------ Information provided

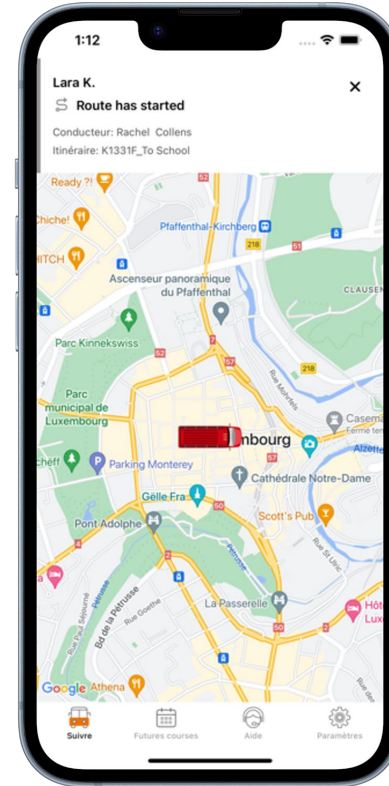

- Ouvrez l'App Store d'Apple
- Recherchez "mobibus.lu"
- Téléchargez l'application
- Connectez-vous

Utilisateurs d'Android :

- Ouvrez le Play Store d'Android
- Recherchez "mobibus.lu"
- Téléchargez l'application
- Connectez-vous

***Une fois que vous avez téléchargé l'application,
cette icône devrait apparaître sur votre
téléphone***

1 Introduction

2 Guide Utilisateur

Connexion à l'application Mobibus

1. Connectez-vous avec votre numéro de téléphone
2. Utilisez le code envoyé par SMS pour vous connecter

Remarque : Pour vous connecter, vous devez avoir un compte. Si vous n'en avez pas, veuillez contacter le centre concerné.

Application Mobibus - Suivi en temps réel

- **À l'aide de l'écran de suivi**, vous avez la possibilité de suivre l'emplacement exact du bus pour plusieurs élèves dans une seule vue
 - Les élèves associés à votre compte Mobibus seront automatiquement affichés dans ce menu
- Les personnes responsables pourront voir la position en direct du bus
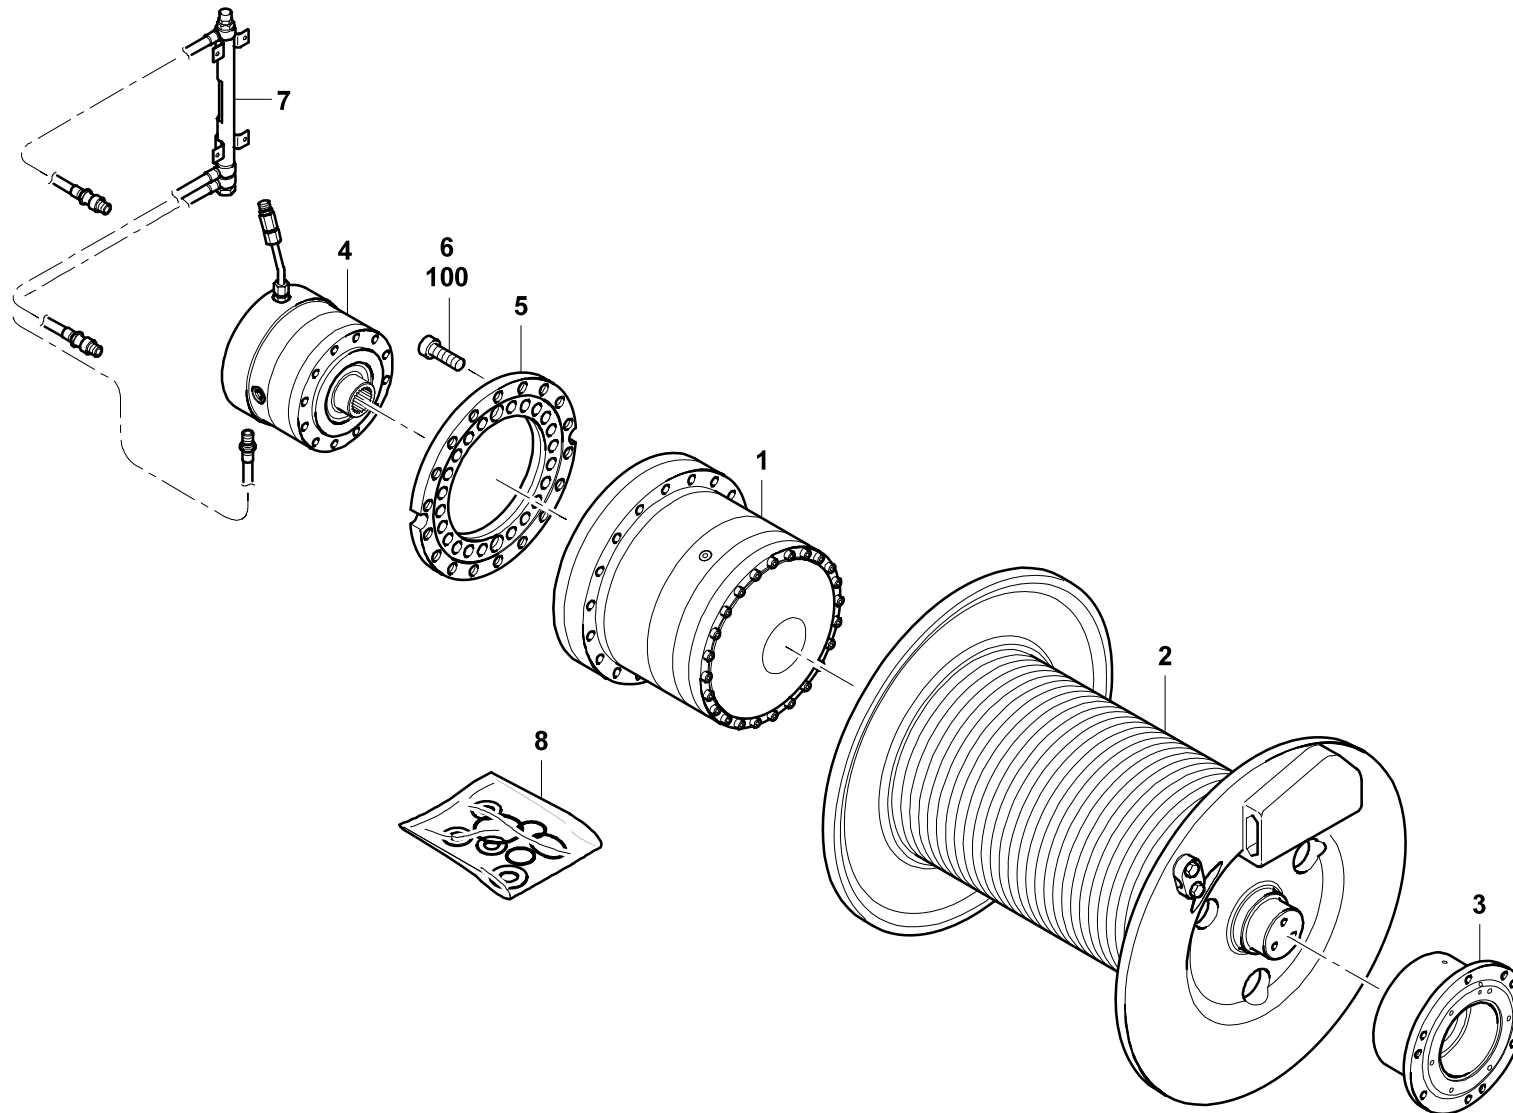

**GROVE**

HUBWERK

HOISTING GEAR

BILDТАFEL  
PICTORIAL DISPLAY**GMK4080-3**

10.19

**3057654-ETL E**

1/1

3057654-E-BL01-1019-0000

------------

Exercise goal: All lines from the one holding "2 Guide Utilisateur" through the last line of the records need to be copied exactly, both ends included, and the pictures left behind.

Expected answer:
2 Guide Utilisateur

Connexion à l'application Mobibus

1. Connectez-vous avec votre numéro de téléphone
2. Utilisez le code envoyé par SMS pour vous connecter

Remarque : Pour vous connecter, vous devez avoir un compte. Si vous n'en avez pas, veuillez contacter le centre concerné.

Application Mobibus - Suivi en temps réel

- **À l'aide de l'écran de suivi**, vous avez la possibilité de suivre l'emplacement exact du bus pour plusieurs élèves dans une seule vue
 - Les élèves associés à votre compte Mobibus seront automatiquement affichés dans ce menu
- Les personnes responsables pourront voir la position en direct du bus

**GROVE**

HUBWERK

HOISTING GEAR

BILDТАFEL  
PICTORIAL DISPLAY**GMK4080-3**

10.19

**3057654-ETL E**

1/1

3057654-E-BL01-1019-0000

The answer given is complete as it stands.